Hi, friends!
I've gotten some requests to talk about the engineering work I'm doing while I'm here - which sounds perfectly reasonable to me. I've been trying to distil all my responsibilities, and to be honest with you, it just doesn't make for exciting reading. So instead, I will take you through some of the stuff I did today.
Our workday starts at 8. After turning on my computer, and talking with Phil (my officemate and mentor) while my computer starts up, I check my e-mail and organize my to-do list.
At 8:30 we have an office devotion. Everyone in the office gathers in our central meeting room, and depending on the day, it might be a Bible study (we're about to embark on the book of Ezra), a description from three staff members of what they do, a discussion that the leadership wants to have with everyone (today, we reviewed the last quarterly update to come out of the global office) or, on Fridays, a worship service with MAF,* with whom we share our office. Wednesdays we pair up and pray with each other.

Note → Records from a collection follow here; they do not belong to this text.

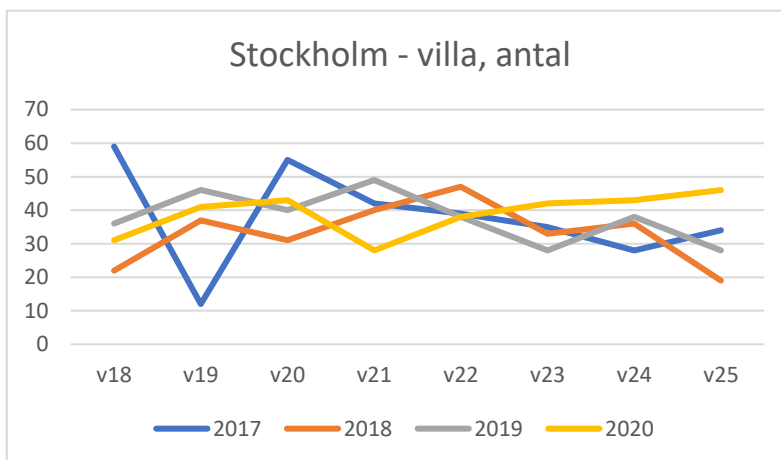

## Underlag till Mäklarsamfundets & FMFs veckoutskick till mäklarkontoren

Villor, antal försäljningar per vecka.

Först Stockholm, Göteborg och Malmö, därefter kommuner i bokstavsordning.

### STOCKHOLM - Villa

	ANTAL	ANTAL	ANTAL	ANTAL
	2017	2018	2019	2020
Vecka/År				
v18	59	22	36	31
v19	12	37	46	41
v20	55	31	40	43
v21	42	40	49	28
v22	39	47	38	38
v23	35	33	28	42
v24	28	36	38	43
v25	34	19	28	46

### GÖTEBORG - Villa

	ANTAL	ANTAL	ANTAL	ANTAL
	2017	2018	2019	2020
Vecka/År				
v18	49	32	38	25
v19	36	32	38	33
v20	37	29	49	32
v21	41	29	46	41
v22	38	46	54	47
v23	43	41	32	42
v24	41	40	32	42
v25	47	40	37	34
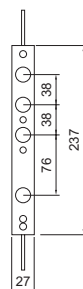

FIAM[®]

S.P.S.

FIAM®

Serratura FIAM triplice per porte blindate serie 600

- . 4 catenacci e scrocco reversibile.
- . Corsa mm. 30.
- . 3 punti di chiusura.
- . Movimento ad ingranaggi.
- . Grado 6 di sicurezza (norma EN 12209-2003).
- . Sporgenza catenacci chiusi mm. 3,5.

668GF

Codice SPS

Articolo

Sporgenza
chiovistelli
mm.Scatola
mm.

Finitura

Imb.

UM

EAN

SFI668.0328.0GF4 668.0328.0GF4

3,5

136X206

zincata

1

PZ

8 032568 389978

Serratura FIAM triplice per porte blindate

- . 3 mandate e scrocco.
- . 3 punti di chiusura.
- . Cilindro europeo non compreso.
- . Sporgenza catenacci chiusi mm. 40.

868

Codice SPS

Articolo

Sporgenza
chiovistelli
mm.Scatola
mm.

Finitura

Imb.

UM
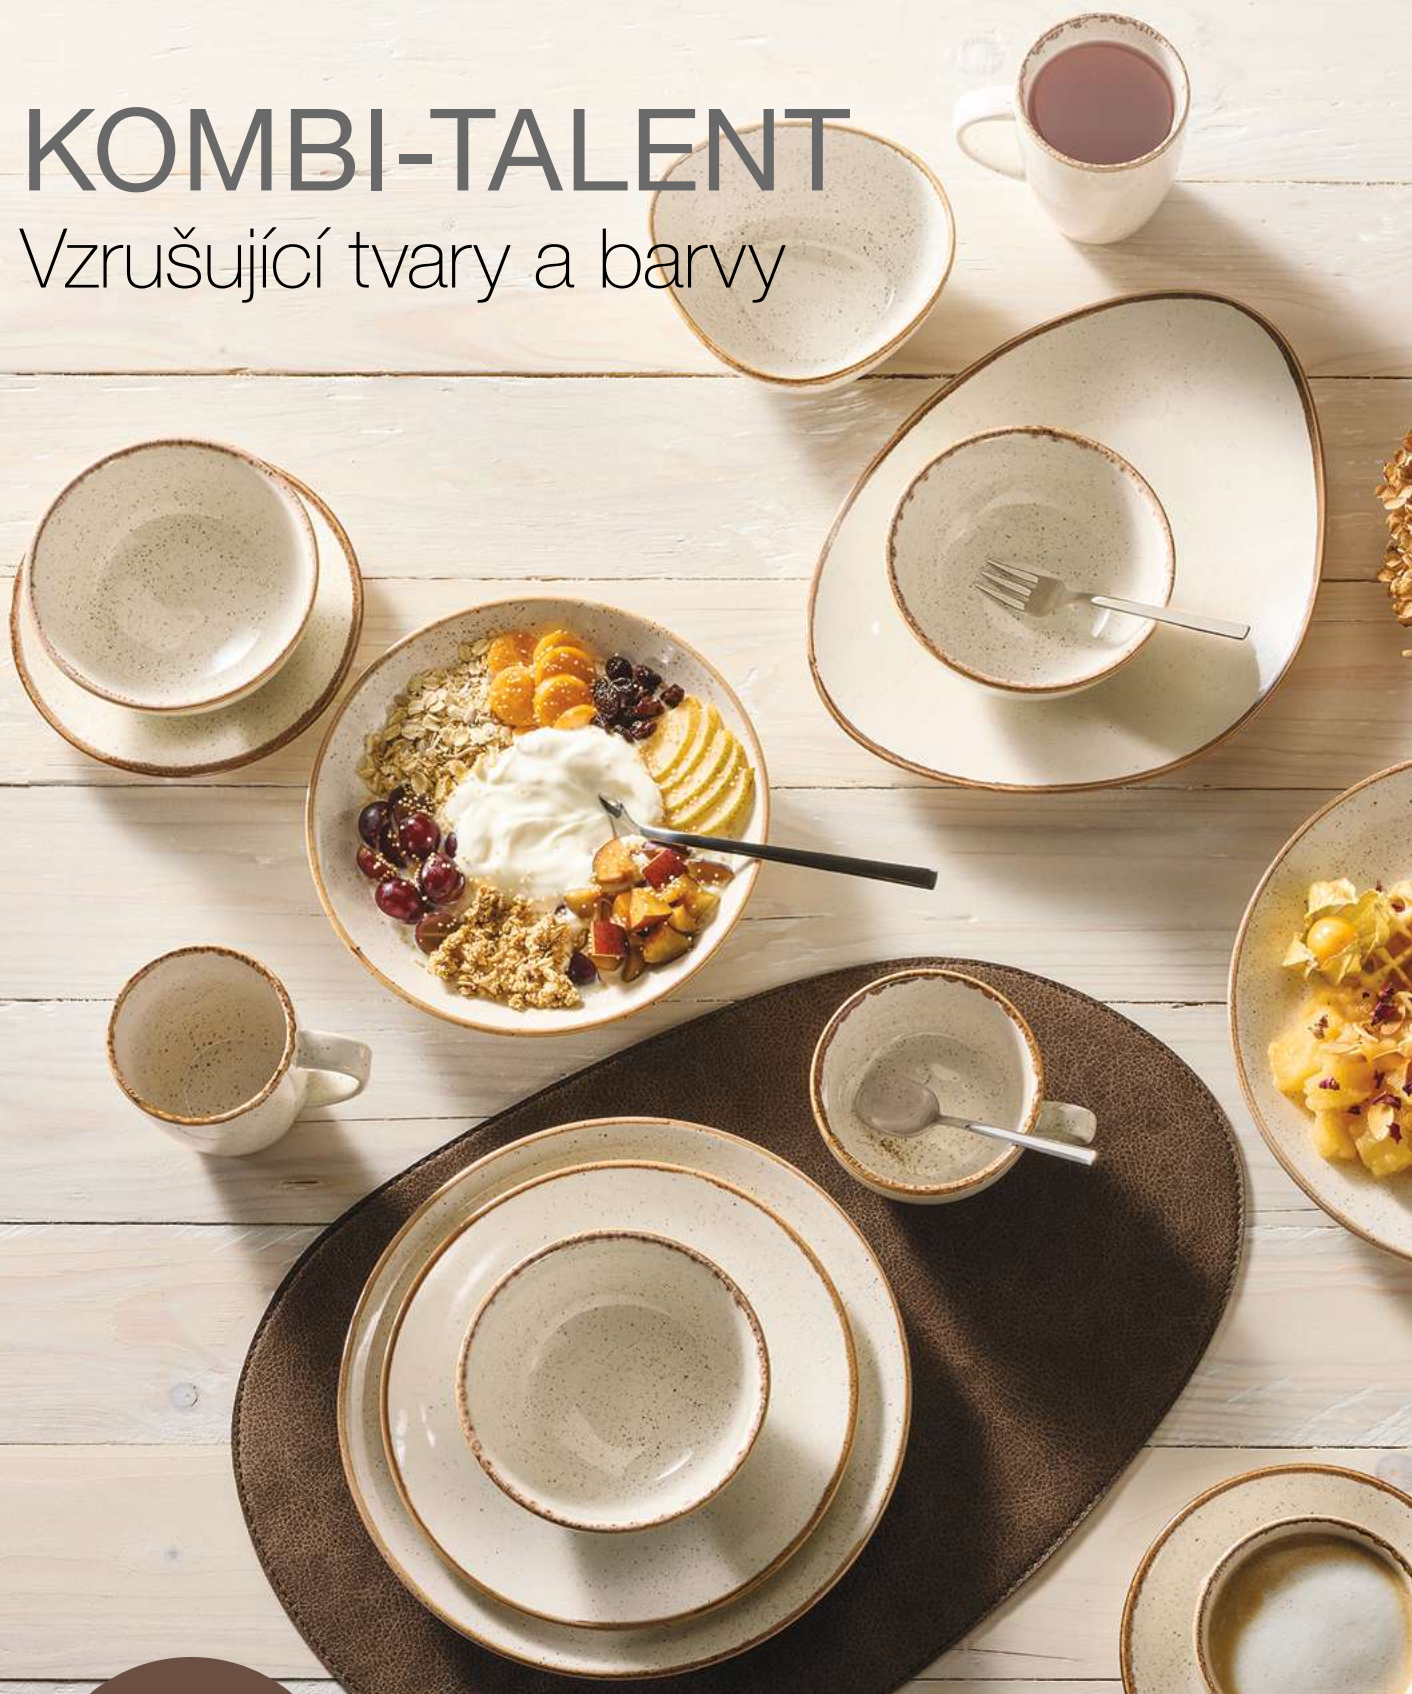

Vzrušující tvary a barvy

**Best
SELLER**

Série porcelánového
nádobí Sidina

- lze vzájemně jakkoli kombinovat
- porcelán keramického vzhledu

Talíř plochý
Sidina
kus od

167⁴⁰

VEGA

Série porcelánového nádobí Sidina

Today, I spent a good part of my morning finishing up the second draft of the report for my project. All of our volunteers have written sections relating to their areas of expertise, and to what they did on the project trip two months ago, and I have been compiling them into one document, editing, asking questions, and adding appendices. My graduate education is actually very useful for this part of my work! So I think I was adding sections about well siting and turfgrass this morning.
One of the most critical things to come out of the report is a land-use plan for the campus:
This is how we are envisioning the 332 acres of land that Hope Alive! owns. (Actually, it's one option - we have another one in the works, which has more concentrated development). For scale, the property is probably about 1.5km from the top-left to the bottom-right (or, it's more than three times the size of the UR River Campus). All credit to this goes to the architects and the agricultural team :)
One of my primary roles as regards this plan has been siting the boreholes that will provide water to the campus. This is an important thing to consider early on, because they cannot be very close to each other, or to the property boundary, or to any wastewater sources. I made a picture with a 50m buffer around the property boundary and any buildings I thought might generate wastewater, and used it to site the five boreholes we estimate that we will need. However, I got the scale wrong, and my picture ended up being very restrictive. Today, I finally fixed the scale and was able to re-site my boreholes.
This was actually super exciting for me, because I got to move one of the boreholes to a much higher location. We want to put storage at each well location, for security reasons, and we also want to tie all of the storage tanks together so that the entire site is serviced by one connected water main. There are some good reasons to do this, such as better water quality (the water is less likely to sit stagnant in the pipes) and more redundancy if one pump fails. However, it means that all of the tanks have to be at the same elevation. Therefore, boreholes at low elevations require super-tall tank stands, which are expensive. Today's exercise allowed me to reduce the tallest stand from 11 meters to 8.5 meters (I asked Phil, a structural engineer, if an 11 meter stand was okay, and he laughed at me).
To actually figure out how tall the stands need to be, though, you have to model the distribution system. We have a neat program called EPAnet 2 that lets you sketch out the proposed system, with tanks, pumps, pipes, junctions, and demand nodes. You can then simulate the flow of water through the system. Since we have a gravity-fed system (no pressurizing pumps), we are particularly concerned that each building has sufficient pressure to operate at peak demand. Therefore, I had to change the elevation of my tanks until they were high enough to provide good pressure everywhere in the system under the worst-case scenario. That's what's displayed in the picture below:
One of the other people from the project team wanted to look at the model and make some suggestions (she has much more experience with this than I do), so I spent some time this evening wading through my models and making sure I had given her the right ones.
Also today, I spent some mentoring time with Phil. We're allowed to count up to 2 hours per week of this toward our work requirement - eMi holds discipleship as one of its core goals, and this is one very tangible way they back it up. Afterwards, I met with our staff civil engineer to talk about the eMi East Africa Civil Engineering Design Guide, which I am doing some work on. We talked about precipitation data, wetlands, and water law, among other things. Finally, I went back through the architectural program (read: the list of all the rooms in all the buildings that we're planning for on the site) and updated my water demand calculations. This was primarily because I allocated water for building cleaning based on floor space, but hadn't updated it to the most recent numbers. (No picture for this - it was all excel spreadsheets).
There you have it! To be honest, this was a kind of exciting day for me - I spent yesterday entirely on the report. But that's the way work is, even here at eMi - there are some exciting days and some less-exciting ones. But by and large I am very happy with the work that I get to participate in here - both in terms of what I do, and in terms of what it's for. God has certainly blessed me in my professional life here.